Records from a data collection:
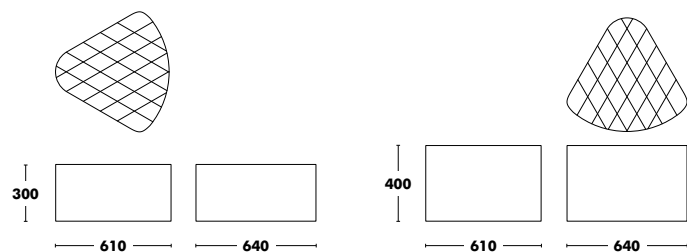

Pouf Aia

DESIGNED BY NADIA ARRATIBEL

Assise H30

	PPHT
TISSU TYPE A	320 €
TISSU TYPE B	341 €
TISSU TYPE C	376 €
TISSU TYPE K	416 €
TISSU TYPE D	450 €

Assise H40

TISSU TYPE A	359 €
TISSU TYPE B	381 €
TISSU TYPE C	420 €
TISSU TYPE K	465 €
TISSU TYPE D	501 €

POIDS 30 (4,60kg) / 40 (5,80kg)
VOL. 0,34m³
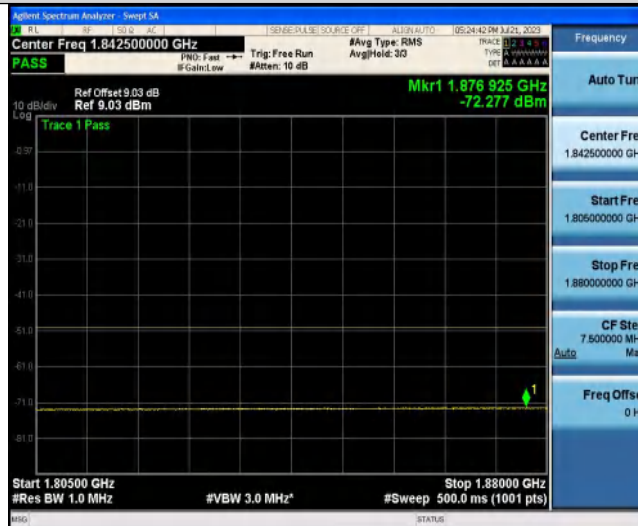

NTNV-Band38-5MHz-QPSK-37775-25RB#0-1805~1880-1000-3000

*How to complete this task*.
All lines above that contain the word "TISSU" are to be copied.

*Task result*.
TISSU TYPE A	320 €
TISSU TYPE B	341 €
TISSU TYPE C	376 €
TISSU TYPE K	416 €
TISSU TYPE D	450 €
TISSU TYPE A	359 €
TISSU TYPE B	381 €
TISSU TYPE C	420 €
TISSU TYPE K	465 €
TISSU TYPE D	501 €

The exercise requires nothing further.